背景：纵向研究中准确和快速的静脉血栓栓塞（VTE）表型是很重要的。自然语言处理（NLP）工具在代表性患者中缺乏外部验证。方法：我们设计了一个新的NLP平台NLPMed，以帮助血栓研究人员进行数据预处理、表型注释、语言模型微调和NLP应用。利用来自两家医疗机构的癌症患者的临床记录、出院总结和放射学报告，我们对Bio_ClinicalBERT进行了微调，以开发VTE-BERT。新模型被训练来检测急性静脉血栓栓塞事件及其纵向解剖位置。我们在两个随机抽样的晚期癌症患者队列中对模型的性能进行了内部和外部验证。结果：培训队列包括来自Harris Health System （HHS）的715名患者和14,013份VTE关键字≥1的注释笔记。内部验证队列包括400名额外的患者，其中包含来自HHS的7,190个VTE关键字注释。外部验证队列包括来自国家退伍军人事务医疗保健系统的包含7,371个VTE关键字的笔记的400例患者。对VTE-BERT进行训练，直到在患者水平上达到95%的准确率和98%的召回率。使用独立数据集时，模型内部验证的准确率和召回率分别为95%和91%，外部验证的准确率和召回率分别为85%和92%。结论：我们训练并外部验证了一个有效的NLP模型来纵向检测VTE事件。我们相信，通过提高VTE的大规模检测，减少大数据流行病学研究中手工图表审查的时间和费用，该技术的采用将加速血栓形成研究。

本文章由计算机程序翻译，如有差异，请以英文原文为准。

查看原文本刊更多论文

Development and validation of venous thromboembolism-bidirectional encoder representations from transformers (VTE-BERT) natural language processing model.

Background: Accurate and rapid phenotyping of venous thromboembolism (VTE) in longitudinal studies is important. A natural language processing (NLP) tool externally validated in representative patients is lacking.

Objectives: To train and validate an efficient NLP model to detect incident VTE event.

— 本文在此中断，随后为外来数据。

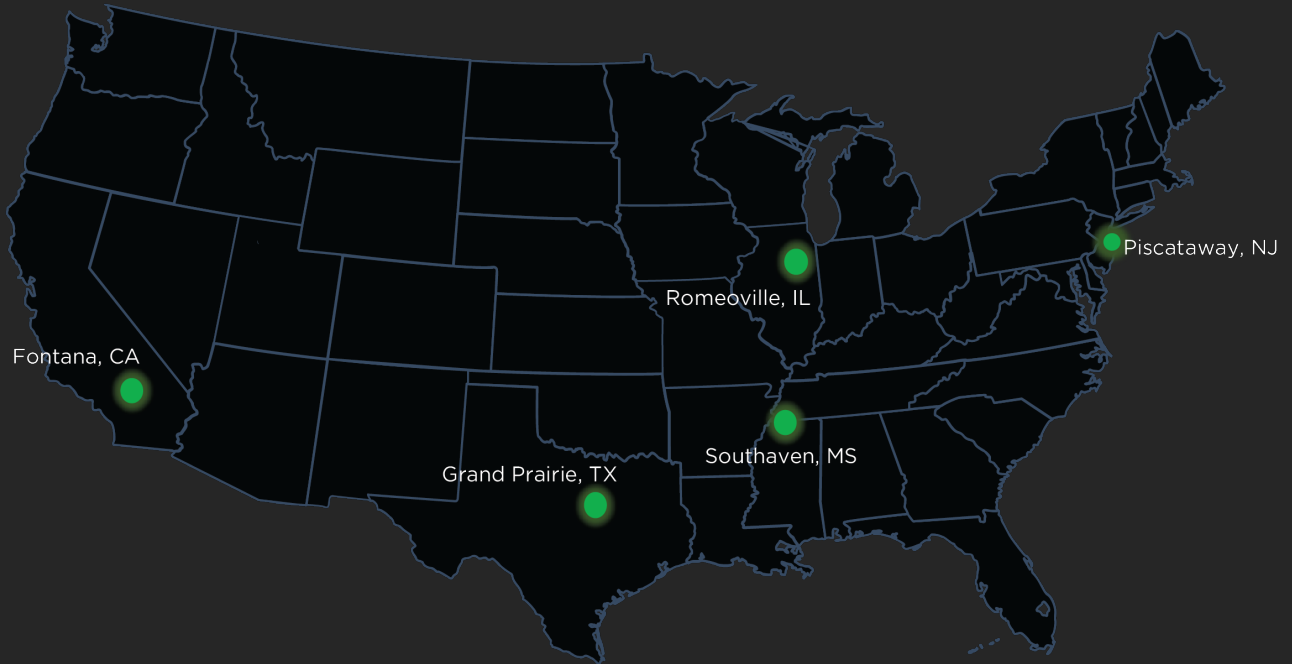

INNOVATIVE WAREHOUSING SOLUTIONS

Tailored to Meet your Industry-Specific Requirements

FIVE REGIONAL WAREHOUSES

Fusion provides all types of warehouse and distribution solutions from local warehousing to global distribution services, including real-time visibility of inventory, orders, and shipments using industry leading warehouse management system technology. Our Warehouse Management System (“WMS”) presents all of this information in customized, web-based systems and reports.

Methods: We designed a novel NLP platform, NLPMed, to assist thrombosis researchers with data preprocessing, phenotype annotation, language model finetuning, and NLP application. Using clinical notes, discharge summaries, and radiology reports from patients with cancer at 2 healthcare institutions, we finetuned Bio_Clinical Bidirectional Encoder Representations from Transformers (BERT) to develop VTE-BERT. The new model was trained to detect acute VTE events and their anatomical locations longitudinally. We internally and externally validated the model's performance in 2 randomly sampled cohorts of patients with advanced cancer.

Results: The training cohort consisted of 715 patients and 14 013 annotated notes with ≥1 VTE keyword from the Harris Health System. The internal validation cohort included 400 additional patients with 7190 VTE keyword-containing notes from Harris Health System. The external validation cohort included 400 patients with 7371 VTE keyword-containing notes from the national Veterans Affairs healthcare system. VTE-BERT was trained until it reached a precision of 95% and recall of 98% on the patient level. Using independent datasets, the model achieved precision and recall of 95% and 91% in internal validation and of 85% and 92% in external validation.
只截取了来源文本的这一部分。